[Stored data entries]

==*==

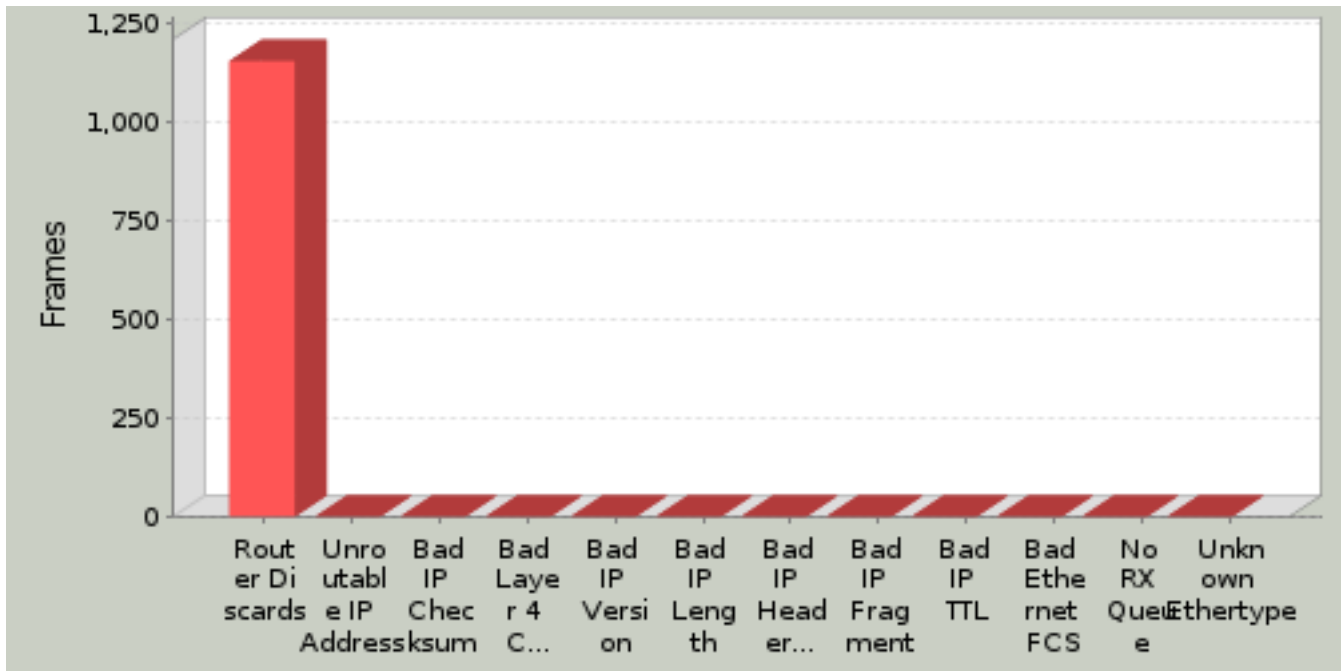

8.6.4. Router Summary

Measurement	Value (Frames)
Router Discards	1,204
Unroutable IP Address	0
Bad IP Checksum	0
Bad Layer 4 Checksum	0
Bad IP Version	0
Bad IP Length	0
Bad IP Header Length	0
Bad IP Fragment	0
Bad IP TTL	0
Bad Ethernet FCS	0
No RX Queue	0
Unknown Ethertype	0
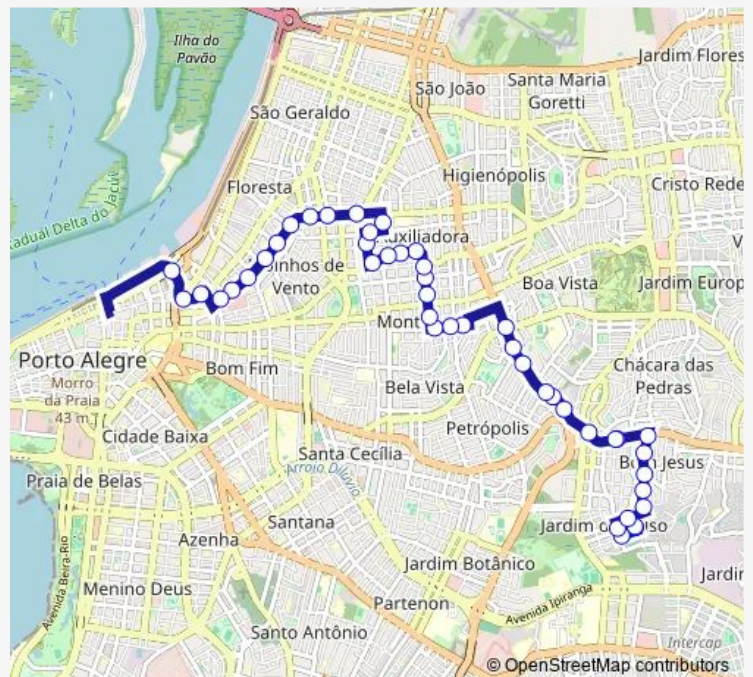

Thursday 00:10-23:40

Friday 00:10-23:40

Saturday 06:00-23:50

Sunday —

Route info

Direction: SAO Benedito

Stops: 46

Trip Duration: 0 hour 32 min
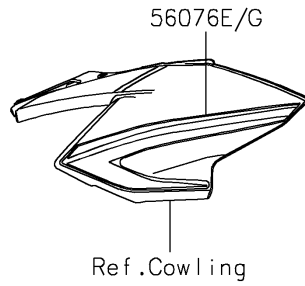

2021 Z650 PARTS DIAGRAM

Decals(M.S.Black)(KMFAN)(CN)

F2861B

2021 Z650 PARTS LIST

Decals(M.S.Black)(KMFAN)(CN)

ITEM NAME	PART NUMBER	QUANTITY
MARK,FR FENDER,ABS (Ref # 56054)	56054-1413	2
MARK,FUEL TANK,KAWASAKI (Ref # 56054A)	56054-2709	2
MARK,Z (Ref # 56054B)	56054-2712	3
MARK,SHROUD,650 (Ref # 56054C)	56054-2713	2
PATTERN,FR FENDER,LH (Ref # 56076)	56076-0940	1
PATTERN,FR FENDER,RH (Ref # 56076A)	56076-0941	1
PATTERN,TAIL COVER,LH (Ref # 56076B)	56076-0953	1
PATTERN,TAIL COVER,RH (Ref # 56076C)	56076-0954	1
PATTERN,UPP COWL.,LH,UPP (Ref # 56076D)	56076-0957	1
PATTERN,UPP COWL.,LH,LWR (Ref # 56076E)	56076-0958	1
PATTERN,UPP COWL.,RH,UPP (Ref # 56076F)	56076-0959	1
PATTERN,UPP COWL.,RH,LWR (Ref # 56076G)	56076-0960	1
PATTERN,SHROUD,LH (Ref # 56076H)	56076-0961	1
PATTERN,SHROUD,RH (Ref # 56076I)	56076-0962	1
PATTERN,FUEL TANK,LH (Ref # 56076J)	56076-0963	1
PATTERN,FUEL TANK,RH (Ref # 56076K)	56076-0964	1
PATTERN,FUEL TANK,CNT (Ref # 56076L)	56076-0965	1
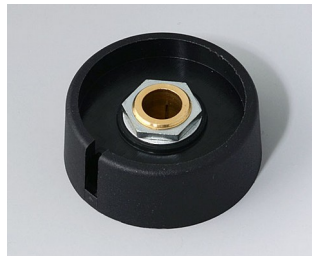

A3040089
COM-KNOBS 40, with recess
PA 6
nero
40x16mm 8mm
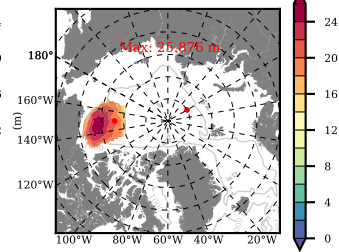

BCTGE28ERA5SC1TPD mean FWC (m) over 1995

Mean FWC (m) from BG Obs Sys. (Proshutinsky et al. GRL2018) over year 2003-2017

Mean FWC (m) from Init State

BCTGE28ERA5SC1TPD mean SSH anomaly

Mean DOT from Armitage et al. 2017 2003-2014
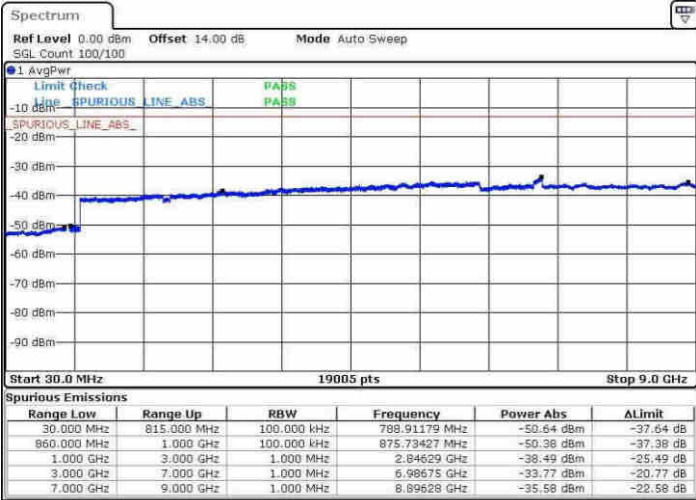

Date: 9.APR.2017 17:30:54

LTE Band 26 / 15MHz

Lowest Channel / QPSK

Date: 9.APR.2017 17:37:27

Lowest Channel / 16QAM

Date: 9.APR.2017 17:38:25

Middle Channel / QPSK

Date: 9.APR.2017 17:40:06

Middle Channel / 16QAM

Date: 9.APR.2017 17:41:05

LTE Band 26 / 15MHz

Highest Channel / QPSK

Highest Channel / 16QAM

Date: 9.APR.2017 17:47:36

Date: 9.APR.2017 17:48:34

LTE Band 26 / 15MHz

Channel 26765 / QPSK

Channel 26765 / 16QAM

Date: 15.MAY.2017 10:54:49

Date: 15.MAY.2017 10:55:46

LTE Band 26 / 1.4MHz

Lowest Channel / 64QAM

Middle Channel / 64QAM

Date: 31.MAY.2017 08:32:23
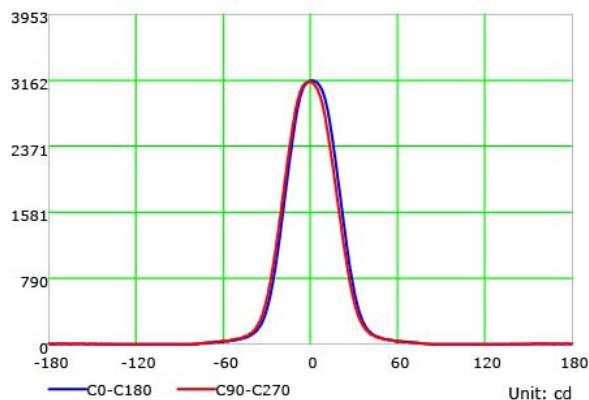

COMPATIBLE DECODER

DMX DECODER
DMX-SR-2112

COMPATIBLE POWER SUPPLY

POWER SUPPLY
PS-SR2112-96

PHOTOMETRIC INFORMATION / 40D

COLOR TEMPERATURE / 1800K - 4000K

Luminous Intensity Distribution Curve

Illuminance at a Distance

COLOR TEMPERATURE / 2700K - 6500K

Luminous Intensity Distribution Curve

Illuminance at a Distance
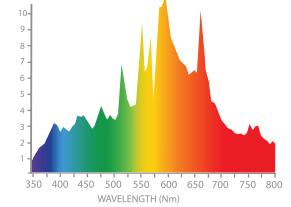

### 3K

Color Temperature	3,100K
Photon Flux	570 $\mu\text{mol/s}$
Photon Flux / W	1.8 $\mu\text{mol/J}$
Lumens	37,000
Lumens Per Watt	117
Rated Life	15,000 hrs
CRI	90

### 3K RED

Color Temperature	3,000K
Photon Flux	540 $\mu\text{mol/s}$
Photon Flux / W	1.71 $\mu\text{mol/J}$
Lumens	33,000
Lumens Per Watt	105
Rated Life	15,000 hrs
CRI	90

### 4K

Color Temperature	4,200K
Photon Flux	540 $\mu\text{mol/s}$
Photon Flux / W	1.71 $\mu\text{mol/J}$
Lumens	33,000
Lumens Per Watt	105
Rated Life	15,000 hrs
CRI	98

### 10K

Color Temperature	10,000K
Photon Flux	450 $\mu\text{mol/s}$
Photon Flux / W	1.43 $\mu\text{mol/J}$
Lumens	22,000
Lumens Per Watt	70
Rated Life	15,000 hrs
CRI	90

Specifications based on performance at 277V.

==*==

Exercise directions
Your answer must be the lines above from the one holding "Saturday 06:00-23:50" up to and including the one holding "BCTGE28ERA5SC1TPD mean SSH anomaly", exact and with no pictures.

Finished task
Saturday 06:00-23:50

Sunday —

Route info

Direction: SAO Benedito

Stops: 46

Trip Duration: 0 hour 32 min

2021 Z650 PARTS DIAGRAM

Decals(M.S.Black)(KMFAN)(CN)

F2861B

2021 Z650 PARTS LIST

Decals(M.S.Black)(KMFAN)(CN)

ITEM NAME	PART NUMBER	QUANTITY
MARK,FR FENDER,ABS (Ref # 56054)	56054-1413	2
MARK,FUEL TANK,KAWASAKI (Ref # 56054A)	56054-2709	2
MARK,Z (Ref # 56054B)	56054-2712	3
MARK,SHROUD,650 (Ref # 56054C)	56054-2713	2
PATTERN,FR FENDER,LH (Ref # 56076)	56076-0940	1
PATTERN,FR FENDER,RH (Ref # 56076A)	56076-0941	1
PATTERN,TAIL COVER,LH (Ref # 56076B)	56076-0953	1
PATTERN,TAIL COVER,RH (Ref # 56076C)	56076-0954	1
PATTERN,UPP COWL.,LH,UPP (Ref # 56076D)	56076-0957	1
PATTERN,UPP COWL.,LH,LWR (Ref # 56076E)	56076-0958	1
PATTERN,UPP COWL.,RH,UPP (Ref # 56076F)	56076-0959	1
PATTERN,UPP COWL.,RH,LWR (Ref # 56076G)	56076-0960	1
PATTERN,SHROUD,LH (Ref # 56076H)	56076-0961	1
PATTERN,SHROUD,RH (Ref # 56076I)	56076-0962	1
PATTERN,FUEL TANK,LH (Ref # 56076J)	56076-0963	1
PATTERN,FUEL TANK,RH (Ref # 56076K)	56076-0964	1
PATTERN,FUEL TANK,CNT (Ref # 56076L)	56076-0965	1

A3040089
COM-KNOBS 40, with recess
PA 6
nero
40x16mm 8mm

BCTGE28ERA5SC1TPD mean FWC (m) over 1995

Mean FWC (m) from BG Obs Sys. (Proshutinsky et al. GRL2018) over year 2003-2017

Mean FWC (m) from Init State

BCTGE28ERA5SC1TPD mean SSH anomaly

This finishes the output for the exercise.